Thursday, March 10, 2011

Black Struggle Was Catalyst For Egypt’s Mass Protests


Black Struggle Was Catalyst For Egypt’s Mass Protests

A connection has been established between the Egyptian dissents and the Rev. Martin Luther King’s push for justice for African Americans in the 1950s and 1960s.
Black struggle was catalyst for Egypt’s mass protests

 George E. Hardin

The recent events in Egypt confirm the value of mass demonstrations as a strategy for empowerment and political change. A connection has been established between the Egyptian dissents and the Rev. Martin Luther King’s push for justice for African Americans in the 1950s and 1960s. In Egypt the people arose in opposition to a despot who ruled with an iron fist. In the United States black Americans joined to protest discrimination in their own country. Both movements grew out of protracted discontent over the official abuse of power. In Egypt’s case, it was some 30 years of control by President Hosni Mubarak. In the U.S., it was more than 300 years of oppression, slavery, lynchings and segregation.

The gatherings in Cairo’s Tahrir Square began as a campaign against police brutality, in particular the fatal beating by police of a man suspected of distributing videos of police corruption. It broadened into a general discontent against government abuses.

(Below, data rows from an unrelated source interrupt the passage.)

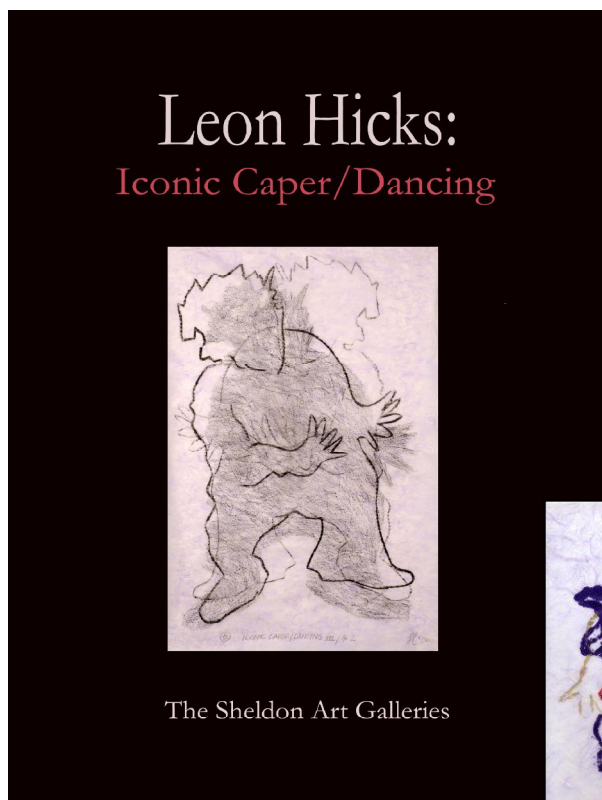

Special **Limited Edition** Catalogue With Monoprint By **Leon Hicks**

Limited Edition Signed Catalogue
with Monoprint (unframed) ~ \$300.00
Proceeds Benefit the Sheldon Art Galleries

Iconic Caper/Dancing, 2007
Monoprint: oilstick and rubbing on lavender or peach Unryu paper
9 ¼ x 12 ¼ inches (dimensions and design variable)
edition of 50, each unique

This comic book, titled “The Montgomery Story”, recently translated into Arabic, is credited for imparting the format for the successful non-violent movement in Egypt.  (Courtesy of NNPA)

Along with Wael Ghonim, whose Facebook and Twitter postings helped engineer the protests that led to President Mubarak’s resignation, credit is being given to a small publication, “The Montgomery Story,” extolling the benefits King’s of nonviolent protest strategy. The publication, in comic-book style for easier reading, tells the story of the Montgomery bus boycott that led to the end of segregated seating. It was translated first into Arabic and then Farsi and reprinted and distributed in Egypt and elsewhere in the Middle East. Adapting the strategy of nonviolent civil disobedience to their own purposes, the Egyptian activists set out to secure basic freedoms, to end human rights abuses and oppressive social conditions,

The Montgomery book was first printed in 1958 by the Fellowship of Reconciliation (founded in 1915) to depict how nonviolent civil disobedience can be effective.

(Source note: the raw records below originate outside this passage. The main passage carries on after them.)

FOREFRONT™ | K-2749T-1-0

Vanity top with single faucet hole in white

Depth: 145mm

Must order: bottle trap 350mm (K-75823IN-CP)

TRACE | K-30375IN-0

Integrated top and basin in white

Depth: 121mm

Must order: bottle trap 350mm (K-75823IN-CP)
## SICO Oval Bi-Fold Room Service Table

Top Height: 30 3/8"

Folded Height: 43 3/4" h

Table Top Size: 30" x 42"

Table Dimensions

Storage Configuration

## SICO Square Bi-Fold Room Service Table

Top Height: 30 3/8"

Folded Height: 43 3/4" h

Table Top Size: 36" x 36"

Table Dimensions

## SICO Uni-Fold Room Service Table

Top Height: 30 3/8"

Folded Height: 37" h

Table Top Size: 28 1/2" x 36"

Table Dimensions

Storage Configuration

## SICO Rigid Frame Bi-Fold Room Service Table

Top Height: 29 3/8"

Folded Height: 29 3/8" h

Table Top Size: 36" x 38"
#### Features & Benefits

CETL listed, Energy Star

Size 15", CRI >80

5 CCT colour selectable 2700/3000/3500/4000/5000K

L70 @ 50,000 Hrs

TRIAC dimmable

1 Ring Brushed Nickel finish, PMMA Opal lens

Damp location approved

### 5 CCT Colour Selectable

As in the U.S., the Egyptian movement was largely promoted by youth—predominantly those in the 15 to 35 age group. The book was first translated by Dalia Ziada, 27, head of an American Islamic group. The strategy as described emboldened and inspired the activists as they came to realize that change is possible when a unified front is arrayed against one’s oppressors. Ziada praised the book “as contributing to the air of peaceful revolution in Egypt.”

King and the civil rights movement have motivated other freedom fighters throughout the world. Here at home the techniques of the civil rights movement were a catalyst for those advocating for women, children and gays to name a few. Even the anthem of the civil rights movement—“We Shall Overcome”—has been translated and sung around the world to rally for justice, proving that the cries of oppressed people everywhere mingle in the same chorus. The song’s memorable melody and moving lyrics have resounded in China, Latin America, Kosovo, Denmark, Bangkok, India and Africa.

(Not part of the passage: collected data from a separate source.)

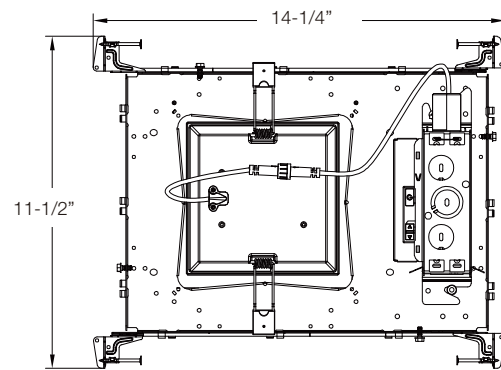

LINE DRAWINGS

	Size	Inside Diameter	Outside Trim Diameter	Fixture Height	Minimum Cutout	Maximum Cutout
NYX ROUND	4	3-15/16"	5-1/2"	2-1/2"	4-1/2"	4-3/4"
	6	5-1/2"	7-1/16"	2-1/2"	6 1/16"	6-5/16"
	8	7-1/16"	8-11/16"	2-9/16"	7-11/16"	4-1/8"
NYX SQUARE	4	3-3/8x3-3/8"	4-7/8x4-7/8"	2-1/2"	4x4"	4-1/8x4-1/8"
	6	4-13/16x4-13/16"	6-3/8x6-3/8"	2-1/2"	5-5/16x5-5/16"	5-5/8x5-5/8"

NYX SERIES

LINE DRAWINGS

4" , 6" and 8" Round Frame
(shown with 6" Light Engine)

4" and 6" Square Frame
(shown with 6" Light Engine)

With Shallow IC BOX

4" , 6" and 8" Round S Lumen Shallow IC Frame Cover
(shown with 6" Light Engine)

King said in his Nobel Prize acceptance speech in 1964: “Negroes in the United States, following the people of India, have demonstrated that nonviolence is not sterile passivity, but a powerful moral force which makes for social transformation. Sooner or later all the people of the world will have to discover a way to live together in peace, and thereby transform this pending cosmic elegy into a creative psalm of brotherhood.”

All people are entitled to certain rights merely because they are human beings, an idea that existed long before Thomas Jefferson outlined it in the Declaration of Independence. This concept was reaffirmed in the Universal Declaration of Human Rights adoted by the United Nations General Assembly in December 1948. The document was viewed as necessary because of widespread outrage over the atrocities committed during World War II.

The United States has found that democracy is not exportable like a commodity. But the idea of freedom is likely to be imported by others if they labor under the yoke of oppression. That process is most effective when the people themselves, who are most affected, generate on their own the procedures necessary to improve the conditions under which they live.


George E. Hardin worked as a photographer, reporter and editor, and in public relations during a long career before he retired. His column appears every other week on W.E. A.L.L. B.E.